Ie – Equipment impairment factor. This accounts for impairments caused by low bit rate coders as well as the effect of frame loss on the coder. This was discussed earlier in detail in Frame Loss here.
A – Expectation factor. This is a correction factor that adjusts perceived quality based on user expectation. For example, if users are aware that they are communicating with a hard-to-reach location via
multi-hop satellite connections, they may be more willing to tolerate impairments due to long delays.

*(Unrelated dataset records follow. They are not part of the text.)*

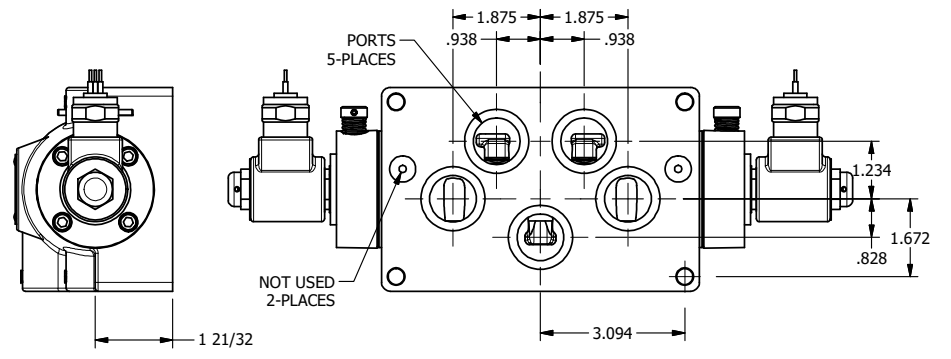

4

3

2

1

**AAA**  
PRODUCTS  
INTERNATIONAL

**AAA PRODUCTS INTERNATIONAL**  
7114 Harry Hines Blvd  
Dallas, TX 75235

TITLE: 1" SUBPLATE, DBL SOL, 3 POS,  
CLSD SPR CTR, MOLD-OVER,  
NON-LCKNG OVRD, EXCLDR

DRAWING NO.:  
DIM\_SY8PMONL
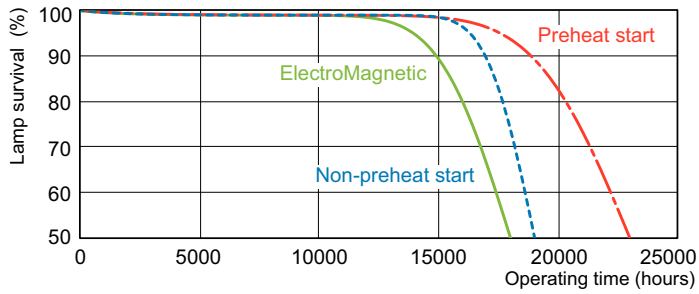

MASTER TL-D 90 De Luxe

Lifetime

LDLE_TL-D9HLM_0002-Life expectancy diagram
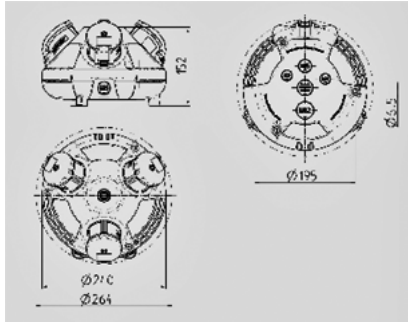

3KRAFT® - Part no. 94354GE

- pre-wired for installation
- back box in black
- hinged cover available in red (RO), yellow (GE) or silver (SI)
- enclosure and insert made of AMAPLAST

Technical information

Fitted with	2 SCHUKO® 16A, 230V 1 RJ45 double data port cat.6, 8/8
Connection/feeder cable	for 1 cable up to 3 x 6 mm ²

Drawing
1 MB 442

Dim. in mm
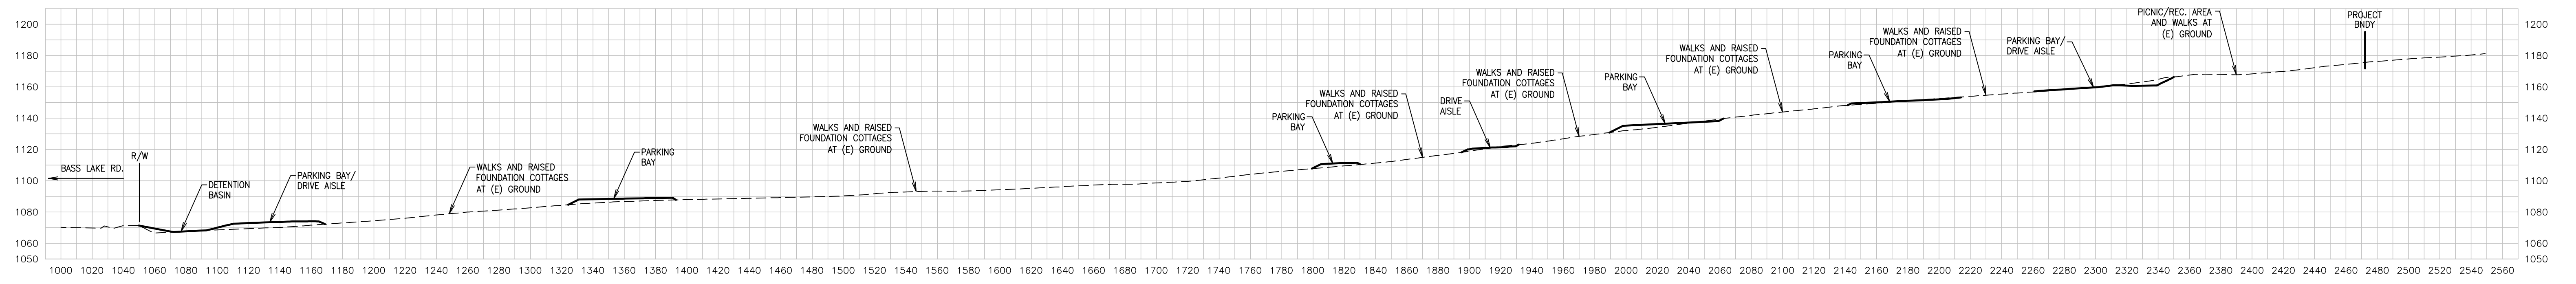

PRELIMINARY GRADING SECTIONS

TOWN & COUNTRY VILLAGE EL DORADO

COUNTY OF EL DORADO

SHEET 1 OF 1

STATE OF CALIFORNIA

SEPTEMBER, 2022

SCALE: 1"=50'

SECTION A

SECTION B

SECTION C

SECTION D

SECTION E

SECTION F

For example, once the transmission impairments in an IP network have been measured, the E-Model can be used to calculate the transmission rating factor.
4 The transmission
rating factor can then be transformed into MOS using the following equations:
- For R < 0: MOS = 1
- For 0 < R < 100
MOS = 1 + 0.035R + 7R(R-60)(100-R) x 10-6
- For R > 100 MOS = 4.5
Which Voice Quality Measure Should be Used
Given the plethora of measurement methods, which one should be used? In practice, a number of methods can be used in combination. As mentioned previously, MOS is the most relevant measure because it is the human opinion that counts the most. So it should always be used as a reality check. Instead of conducting a formal MOS test, you may choose to run a pilot of a VoIP network, let a select group of users try out the system, and then provide you with feedback. However, when you are configuring the system, you may make many adjustments, and getting human subjects to assess the effect may be impractical. In these cases, an objective test system such as PSQM, PAMS, or PESQ may be more convenient. In VoIP, QoS is a very important component. In measuring the effectiveness of QoS, measuring the transmission impairments (frame loss, delay, and jitter) is more useful because it helps to directly answer questions such as:
- If the network is congested, are voice frames given higher priority compared with data frames?
- What is the average delay experienced by voice frames?
- What is the average jitter seen by voice frames?
In testing a VoIP network, it is necessary to create a realistic test environment. Typically, this means that there are a number of concurrent voice sessions and that both voice and data traffic are present and competing for bandwidth.